Мартишия, очевидно, это почувствовала, потому что с некоторой поспешностью добавила:
— Впрочем, вам видней, милая Игни! Вы мать. Чего это я хлопочу, своих-то у меня нет пока. И когда будут…? Так, небось, и прохожу в девках еще лет триста!
И нарочито громко засмеялась, как бы подчеркивая немыслимую смехотворность такого предположения.
Фанина матушка хрипловато хохотнула в ответ. Атмосфера несколько разрядилась. Ведьмы скрылись за поворотом коридора, шурша по паркету фестонами подолов.
А Фаня стоял, как громом пораженный, пытался собраться с мыслями.
Так вот как он выглядит, оказывается, в глазах взрослых! Как это она сказала, «нормальный»? Чтобы значило это странное, неприятное слово?
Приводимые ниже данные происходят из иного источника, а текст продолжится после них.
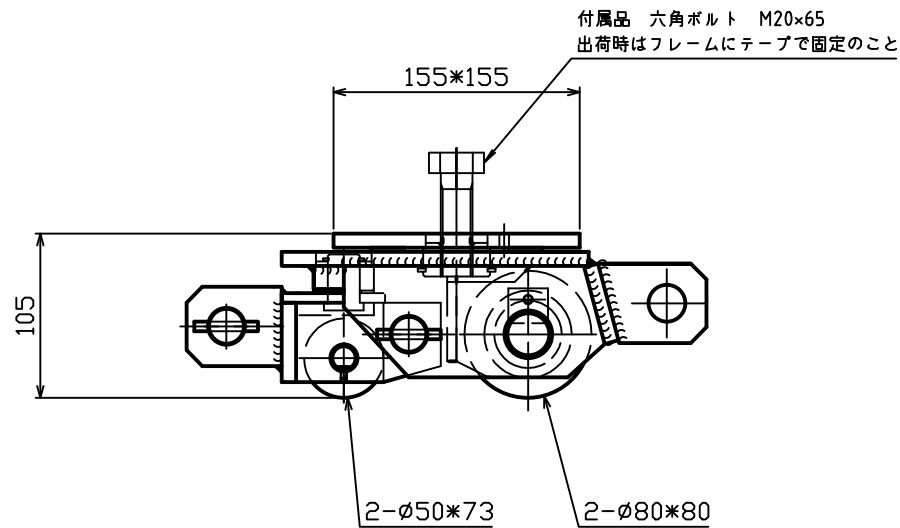

仕 様	
型 式	MSB-5S
許容荷重	5 TON
本体質量	19.7 kg

名 称	5TON マサダローラー (スチール車輪ボギー)
型 式	MSB-5S
図面番号	S-731-0000.HP.0
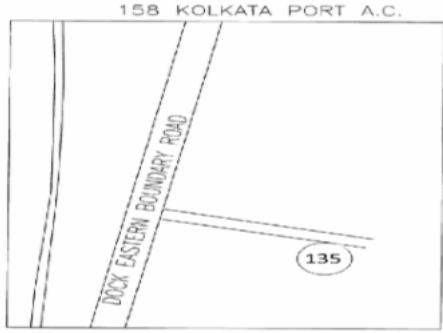

Nazri Naksha
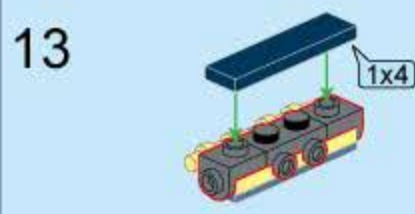

3合1-合体
42210-重工前线

42210 (8in1)

QMAN USER MANUAL

60

61

64

65

62
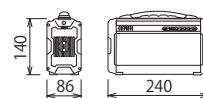

ポータブルAC電源

防水LEDチャージャー
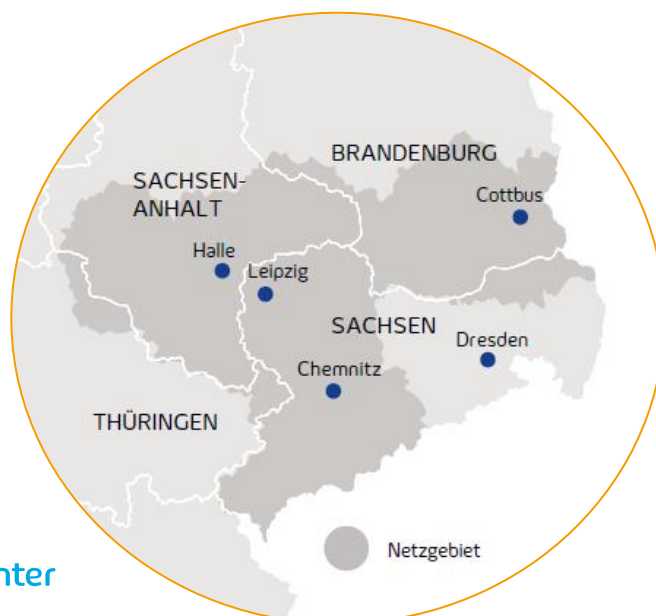

Ihre Ansprechpartner:

Mario Pampel | Vertrieb | T: 0371 482 8877
Rebecca Kuhnt | Inside Sales | T: 0345 216 2128

Nutzen Sie unseren Verfügbarkeitsprüfer unter
gigabitnetz.enviaTEL.de

Уж не болен ли я, испугался Фаня, поспешно прижимая ко лбу ладонь.
Не зная, как справиться с накатившим вдруг смутным волнением, стремительной тенью, отчаянным капитаном ваймсом, побежал по гулким коридорам, искать бабушку.
Бабушка Гри (в девичестве Гризелла фон Гармарис) царила на кухне. Бабушка повелевала!
Как полководец на поле брани, средь паровых клубов, вырывающихся из-под крышек, средь яростного печного жара, средь грохота и звона посуды, возвышалась она, с половником-скипетром в одной руке, с полотенцем-знаменем в другой.
Вокруг метались, как адъютанты на взмыленных конях, сестры-племянницы-тетки…
По правую руку от бабушки Гри стоял, едва не задевая затылком потолок и молчаливо ожидая указаний, Зверила, отставной гомунькулюс, садовник и повар, служивший стольким поколениям Ичеткиных, что все уже позабыли, сколько же ему на самом деле лет. Сам он на эту тему не распространялся и вообще был неразговорчив, ограничиваясь, в основном, тремя словами «хы-ы-а» (да), «ы-ы-ых» (нет) и «ы-ы-ы-у-у» (доброй ночи!).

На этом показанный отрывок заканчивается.